━━━ Record set ━━━

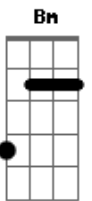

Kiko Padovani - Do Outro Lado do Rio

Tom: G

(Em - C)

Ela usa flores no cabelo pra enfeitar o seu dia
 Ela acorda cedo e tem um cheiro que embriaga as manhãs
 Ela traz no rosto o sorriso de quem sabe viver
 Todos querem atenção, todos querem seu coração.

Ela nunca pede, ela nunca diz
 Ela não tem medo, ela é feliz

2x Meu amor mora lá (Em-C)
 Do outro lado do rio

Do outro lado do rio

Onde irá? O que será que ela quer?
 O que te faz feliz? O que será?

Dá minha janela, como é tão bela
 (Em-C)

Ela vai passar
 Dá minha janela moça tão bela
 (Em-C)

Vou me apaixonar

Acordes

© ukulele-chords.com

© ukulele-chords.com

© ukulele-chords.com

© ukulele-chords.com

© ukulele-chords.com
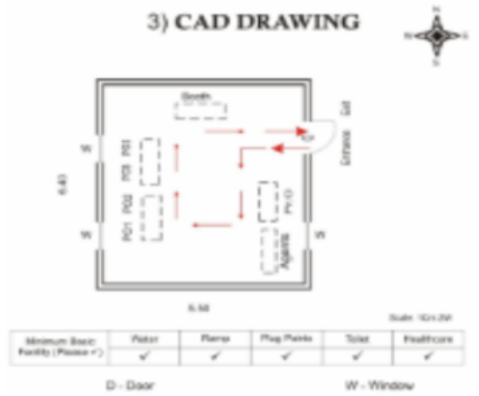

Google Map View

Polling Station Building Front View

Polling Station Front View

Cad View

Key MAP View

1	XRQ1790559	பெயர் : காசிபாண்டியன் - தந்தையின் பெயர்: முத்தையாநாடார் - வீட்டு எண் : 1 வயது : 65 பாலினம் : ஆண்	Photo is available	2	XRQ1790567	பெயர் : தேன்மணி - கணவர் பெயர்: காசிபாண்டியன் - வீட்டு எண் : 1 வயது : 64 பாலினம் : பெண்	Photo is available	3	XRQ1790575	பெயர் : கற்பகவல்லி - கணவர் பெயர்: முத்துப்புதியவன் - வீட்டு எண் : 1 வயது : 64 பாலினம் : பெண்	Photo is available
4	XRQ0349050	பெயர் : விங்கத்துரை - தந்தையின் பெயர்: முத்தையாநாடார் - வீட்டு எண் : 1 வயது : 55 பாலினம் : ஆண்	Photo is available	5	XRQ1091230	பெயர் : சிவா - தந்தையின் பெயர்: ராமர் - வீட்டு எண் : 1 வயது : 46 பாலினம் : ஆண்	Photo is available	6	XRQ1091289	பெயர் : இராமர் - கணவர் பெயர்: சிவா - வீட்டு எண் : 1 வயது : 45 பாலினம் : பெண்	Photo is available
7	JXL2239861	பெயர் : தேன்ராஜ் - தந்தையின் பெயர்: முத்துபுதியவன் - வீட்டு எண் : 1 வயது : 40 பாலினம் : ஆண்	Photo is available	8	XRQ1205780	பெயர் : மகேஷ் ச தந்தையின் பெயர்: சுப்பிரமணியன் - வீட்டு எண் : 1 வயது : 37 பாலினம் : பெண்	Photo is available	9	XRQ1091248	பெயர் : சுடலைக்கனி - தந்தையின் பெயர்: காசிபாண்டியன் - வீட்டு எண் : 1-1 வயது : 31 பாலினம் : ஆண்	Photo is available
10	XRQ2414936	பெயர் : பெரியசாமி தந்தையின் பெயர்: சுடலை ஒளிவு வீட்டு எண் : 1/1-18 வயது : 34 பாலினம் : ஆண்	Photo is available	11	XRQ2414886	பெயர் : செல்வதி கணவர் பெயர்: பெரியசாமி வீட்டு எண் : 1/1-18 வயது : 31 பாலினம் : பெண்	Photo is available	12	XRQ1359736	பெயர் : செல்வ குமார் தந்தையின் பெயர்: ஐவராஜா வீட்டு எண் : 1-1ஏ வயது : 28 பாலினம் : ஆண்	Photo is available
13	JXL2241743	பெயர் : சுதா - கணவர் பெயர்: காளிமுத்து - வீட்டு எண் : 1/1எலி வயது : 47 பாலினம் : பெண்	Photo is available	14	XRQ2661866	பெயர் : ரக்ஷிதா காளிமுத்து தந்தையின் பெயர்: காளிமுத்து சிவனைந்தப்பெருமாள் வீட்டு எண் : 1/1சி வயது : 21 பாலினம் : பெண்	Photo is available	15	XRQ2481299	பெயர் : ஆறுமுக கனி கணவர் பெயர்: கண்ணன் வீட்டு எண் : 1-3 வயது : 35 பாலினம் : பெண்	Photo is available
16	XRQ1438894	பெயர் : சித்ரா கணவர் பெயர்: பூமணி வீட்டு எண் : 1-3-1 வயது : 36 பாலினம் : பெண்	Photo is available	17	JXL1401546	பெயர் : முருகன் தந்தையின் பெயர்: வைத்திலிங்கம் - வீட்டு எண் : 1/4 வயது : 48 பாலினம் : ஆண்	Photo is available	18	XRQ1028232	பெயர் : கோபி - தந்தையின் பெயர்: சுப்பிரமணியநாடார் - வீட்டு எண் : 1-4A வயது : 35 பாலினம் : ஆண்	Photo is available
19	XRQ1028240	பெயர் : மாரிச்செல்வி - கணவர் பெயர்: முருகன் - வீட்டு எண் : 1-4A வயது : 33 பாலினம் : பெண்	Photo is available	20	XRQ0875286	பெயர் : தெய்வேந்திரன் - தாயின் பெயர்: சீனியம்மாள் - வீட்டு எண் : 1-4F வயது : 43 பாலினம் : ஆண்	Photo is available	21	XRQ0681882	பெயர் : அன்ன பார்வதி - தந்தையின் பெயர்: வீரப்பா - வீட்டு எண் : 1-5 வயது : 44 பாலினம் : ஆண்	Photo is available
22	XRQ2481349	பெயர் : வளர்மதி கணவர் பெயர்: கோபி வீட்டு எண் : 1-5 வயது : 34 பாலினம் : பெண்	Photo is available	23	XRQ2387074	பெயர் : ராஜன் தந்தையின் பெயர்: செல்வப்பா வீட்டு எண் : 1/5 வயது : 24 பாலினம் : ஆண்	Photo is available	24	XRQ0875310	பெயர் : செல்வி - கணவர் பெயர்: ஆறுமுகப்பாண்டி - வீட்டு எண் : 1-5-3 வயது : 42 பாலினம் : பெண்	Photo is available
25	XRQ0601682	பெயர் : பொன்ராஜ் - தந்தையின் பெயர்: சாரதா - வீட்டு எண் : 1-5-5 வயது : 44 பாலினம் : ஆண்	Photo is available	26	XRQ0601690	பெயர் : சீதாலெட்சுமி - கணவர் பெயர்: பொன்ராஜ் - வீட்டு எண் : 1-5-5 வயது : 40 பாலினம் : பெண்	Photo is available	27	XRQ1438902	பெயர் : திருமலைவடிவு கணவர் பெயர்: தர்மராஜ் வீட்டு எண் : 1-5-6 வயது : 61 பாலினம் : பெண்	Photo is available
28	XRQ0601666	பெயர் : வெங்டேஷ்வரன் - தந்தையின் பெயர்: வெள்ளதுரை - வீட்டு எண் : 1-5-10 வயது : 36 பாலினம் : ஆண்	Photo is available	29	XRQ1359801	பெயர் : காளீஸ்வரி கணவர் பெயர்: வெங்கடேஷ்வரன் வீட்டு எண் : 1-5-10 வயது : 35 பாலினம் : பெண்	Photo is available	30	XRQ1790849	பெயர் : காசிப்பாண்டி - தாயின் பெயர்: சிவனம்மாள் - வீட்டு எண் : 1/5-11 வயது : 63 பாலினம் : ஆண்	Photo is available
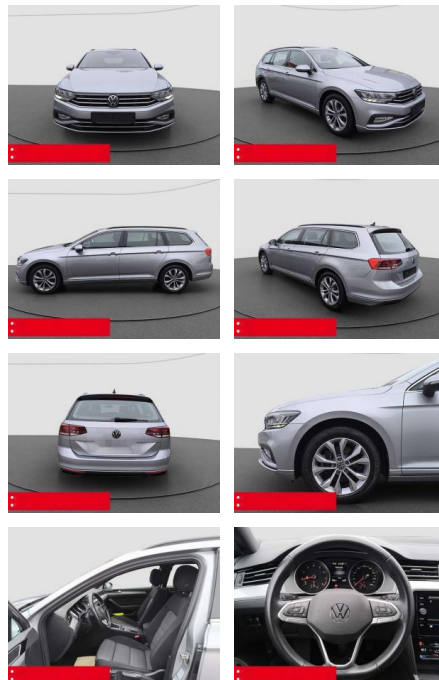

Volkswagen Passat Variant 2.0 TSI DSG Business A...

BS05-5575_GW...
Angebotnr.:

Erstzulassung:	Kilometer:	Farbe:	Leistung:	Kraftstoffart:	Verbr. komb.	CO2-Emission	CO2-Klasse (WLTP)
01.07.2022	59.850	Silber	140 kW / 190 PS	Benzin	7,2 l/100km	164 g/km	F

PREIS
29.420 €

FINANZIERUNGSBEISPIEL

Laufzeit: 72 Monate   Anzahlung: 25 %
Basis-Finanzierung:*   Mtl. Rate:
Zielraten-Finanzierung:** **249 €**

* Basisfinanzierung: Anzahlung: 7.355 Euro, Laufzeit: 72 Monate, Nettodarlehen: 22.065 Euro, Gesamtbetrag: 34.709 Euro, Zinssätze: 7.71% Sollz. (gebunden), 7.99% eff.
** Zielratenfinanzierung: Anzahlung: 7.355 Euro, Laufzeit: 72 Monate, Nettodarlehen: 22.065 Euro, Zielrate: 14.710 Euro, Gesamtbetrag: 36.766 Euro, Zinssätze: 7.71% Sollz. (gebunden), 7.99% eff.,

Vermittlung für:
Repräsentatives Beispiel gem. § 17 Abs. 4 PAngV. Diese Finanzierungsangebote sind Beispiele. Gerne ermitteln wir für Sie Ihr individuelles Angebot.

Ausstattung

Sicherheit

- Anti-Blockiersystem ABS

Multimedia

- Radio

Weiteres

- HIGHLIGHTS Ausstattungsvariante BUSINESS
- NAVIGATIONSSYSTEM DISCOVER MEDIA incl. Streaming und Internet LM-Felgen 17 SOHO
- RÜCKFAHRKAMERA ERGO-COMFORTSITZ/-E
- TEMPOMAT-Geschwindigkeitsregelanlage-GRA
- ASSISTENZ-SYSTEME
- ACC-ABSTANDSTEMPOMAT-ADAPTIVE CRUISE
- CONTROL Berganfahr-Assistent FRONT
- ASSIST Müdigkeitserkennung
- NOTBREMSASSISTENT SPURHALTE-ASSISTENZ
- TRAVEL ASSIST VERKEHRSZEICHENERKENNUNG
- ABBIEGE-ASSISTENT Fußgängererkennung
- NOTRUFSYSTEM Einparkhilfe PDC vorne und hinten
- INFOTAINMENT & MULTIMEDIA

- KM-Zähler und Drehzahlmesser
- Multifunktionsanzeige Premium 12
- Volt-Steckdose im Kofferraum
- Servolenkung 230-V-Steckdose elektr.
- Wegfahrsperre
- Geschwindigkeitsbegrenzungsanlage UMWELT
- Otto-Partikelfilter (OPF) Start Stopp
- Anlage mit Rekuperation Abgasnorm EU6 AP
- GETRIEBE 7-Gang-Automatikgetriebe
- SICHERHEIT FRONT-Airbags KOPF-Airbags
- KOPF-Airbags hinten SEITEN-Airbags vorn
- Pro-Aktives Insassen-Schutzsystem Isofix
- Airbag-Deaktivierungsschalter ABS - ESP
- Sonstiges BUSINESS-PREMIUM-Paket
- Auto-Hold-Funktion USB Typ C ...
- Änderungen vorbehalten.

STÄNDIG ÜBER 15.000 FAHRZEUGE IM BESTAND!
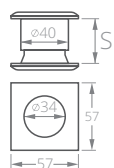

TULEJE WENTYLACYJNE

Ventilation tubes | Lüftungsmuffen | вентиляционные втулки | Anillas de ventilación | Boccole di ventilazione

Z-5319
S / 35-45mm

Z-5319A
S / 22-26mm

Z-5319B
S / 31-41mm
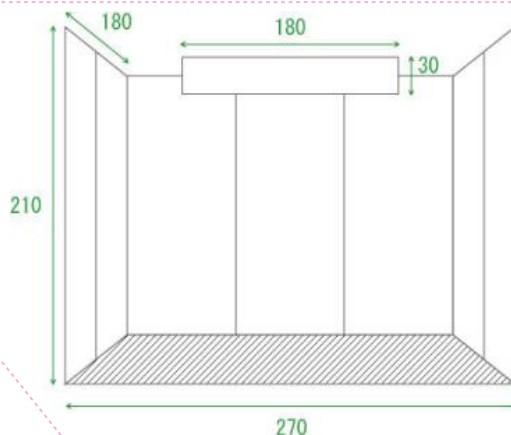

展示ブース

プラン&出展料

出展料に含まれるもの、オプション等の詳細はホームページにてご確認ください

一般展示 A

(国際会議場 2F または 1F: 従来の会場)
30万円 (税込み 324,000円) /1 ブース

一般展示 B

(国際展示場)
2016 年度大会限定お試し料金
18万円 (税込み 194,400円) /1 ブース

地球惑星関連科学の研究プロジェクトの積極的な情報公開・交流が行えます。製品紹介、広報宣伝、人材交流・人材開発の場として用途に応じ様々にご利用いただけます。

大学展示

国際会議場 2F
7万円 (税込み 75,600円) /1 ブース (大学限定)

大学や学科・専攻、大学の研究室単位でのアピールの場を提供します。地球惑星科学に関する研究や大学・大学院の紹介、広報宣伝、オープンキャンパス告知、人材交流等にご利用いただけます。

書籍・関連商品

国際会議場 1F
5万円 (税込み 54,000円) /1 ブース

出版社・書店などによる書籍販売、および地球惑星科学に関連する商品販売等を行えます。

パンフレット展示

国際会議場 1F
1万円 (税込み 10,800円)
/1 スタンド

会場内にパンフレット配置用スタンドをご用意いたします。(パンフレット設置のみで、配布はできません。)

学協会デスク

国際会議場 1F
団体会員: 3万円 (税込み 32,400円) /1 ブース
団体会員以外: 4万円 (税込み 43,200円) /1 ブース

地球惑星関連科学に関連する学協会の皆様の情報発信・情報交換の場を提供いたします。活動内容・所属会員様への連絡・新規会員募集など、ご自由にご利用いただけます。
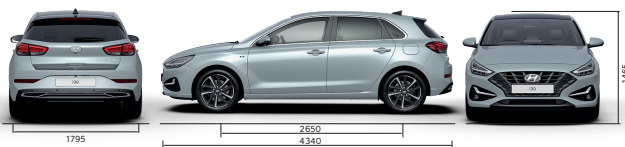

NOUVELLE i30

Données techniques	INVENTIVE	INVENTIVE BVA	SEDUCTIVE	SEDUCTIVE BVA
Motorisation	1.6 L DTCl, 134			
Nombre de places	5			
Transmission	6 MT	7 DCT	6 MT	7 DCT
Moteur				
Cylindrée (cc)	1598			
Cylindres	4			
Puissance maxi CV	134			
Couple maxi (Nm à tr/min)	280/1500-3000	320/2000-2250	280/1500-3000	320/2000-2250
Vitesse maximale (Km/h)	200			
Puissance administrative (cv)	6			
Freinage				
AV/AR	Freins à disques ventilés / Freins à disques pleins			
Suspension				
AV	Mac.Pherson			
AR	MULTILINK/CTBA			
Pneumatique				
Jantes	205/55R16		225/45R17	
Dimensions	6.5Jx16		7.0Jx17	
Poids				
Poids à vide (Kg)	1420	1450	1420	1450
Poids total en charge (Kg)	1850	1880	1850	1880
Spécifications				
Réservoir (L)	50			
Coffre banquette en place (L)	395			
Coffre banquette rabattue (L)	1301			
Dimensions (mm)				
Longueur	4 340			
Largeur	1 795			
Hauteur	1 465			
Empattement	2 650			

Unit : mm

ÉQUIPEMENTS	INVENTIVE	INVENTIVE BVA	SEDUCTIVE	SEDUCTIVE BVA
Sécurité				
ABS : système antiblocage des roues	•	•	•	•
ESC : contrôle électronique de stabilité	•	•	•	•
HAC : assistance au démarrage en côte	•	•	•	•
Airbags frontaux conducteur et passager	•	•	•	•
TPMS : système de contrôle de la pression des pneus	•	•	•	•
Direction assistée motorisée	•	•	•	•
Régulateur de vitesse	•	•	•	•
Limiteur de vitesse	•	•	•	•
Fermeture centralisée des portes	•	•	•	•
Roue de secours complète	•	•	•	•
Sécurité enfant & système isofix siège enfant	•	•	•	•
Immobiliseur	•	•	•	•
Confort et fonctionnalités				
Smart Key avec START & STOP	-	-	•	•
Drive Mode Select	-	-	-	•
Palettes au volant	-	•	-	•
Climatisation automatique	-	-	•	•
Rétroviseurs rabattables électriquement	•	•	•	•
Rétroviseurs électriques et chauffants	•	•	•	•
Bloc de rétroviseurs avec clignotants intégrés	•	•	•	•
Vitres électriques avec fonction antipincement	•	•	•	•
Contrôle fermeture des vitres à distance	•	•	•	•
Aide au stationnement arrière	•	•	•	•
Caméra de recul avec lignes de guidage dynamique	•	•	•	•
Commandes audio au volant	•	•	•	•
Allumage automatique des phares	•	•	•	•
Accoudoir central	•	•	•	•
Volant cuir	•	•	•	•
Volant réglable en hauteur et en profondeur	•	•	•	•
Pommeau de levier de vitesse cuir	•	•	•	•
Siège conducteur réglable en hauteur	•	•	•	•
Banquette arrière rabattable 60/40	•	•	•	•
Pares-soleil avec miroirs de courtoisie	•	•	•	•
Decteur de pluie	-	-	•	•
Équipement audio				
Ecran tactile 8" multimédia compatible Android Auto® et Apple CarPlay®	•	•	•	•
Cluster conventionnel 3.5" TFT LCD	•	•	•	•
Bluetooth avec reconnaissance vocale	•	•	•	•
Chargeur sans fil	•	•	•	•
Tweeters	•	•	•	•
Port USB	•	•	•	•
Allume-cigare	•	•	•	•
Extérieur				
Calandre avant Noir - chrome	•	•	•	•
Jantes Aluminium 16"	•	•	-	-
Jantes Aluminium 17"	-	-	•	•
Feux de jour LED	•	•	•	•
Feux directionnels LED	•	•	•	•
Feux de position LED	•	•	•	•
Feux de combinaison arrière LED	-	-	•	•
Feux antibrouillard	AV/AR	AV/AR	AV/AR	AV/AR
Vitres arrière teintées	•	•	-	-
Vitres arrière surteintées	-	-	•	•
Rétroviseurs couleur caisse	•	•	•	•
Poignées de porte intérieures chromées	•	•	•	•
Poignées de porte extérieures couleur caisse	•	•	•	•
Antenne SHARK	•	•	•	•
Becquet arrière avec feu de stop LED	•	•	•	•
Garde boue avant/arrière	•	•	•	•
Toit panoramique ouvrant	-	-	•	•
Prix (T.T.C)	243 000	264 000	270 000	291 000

━━━

■ Exercise requirements:
If a line in the records includes "Euro", it counts toward the total; report that total by itself.

■ Output for this exercise:
2